╭─ GIVEN MATERIAL

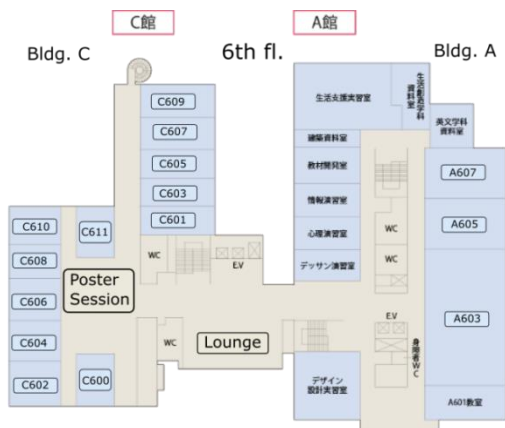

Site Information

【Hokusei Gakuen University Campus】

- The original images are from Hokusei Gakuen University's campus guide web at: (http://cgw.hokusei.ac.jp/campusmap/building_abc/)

╰─

If a line above holds the word "Gakuen", copy it.

【Hokusei Gakuen University Campus】
- The original images are from Hokusei Gakuen University's campus guide web at: (http://cgw.hokusei.ac.jp/campusmap/building_abc/)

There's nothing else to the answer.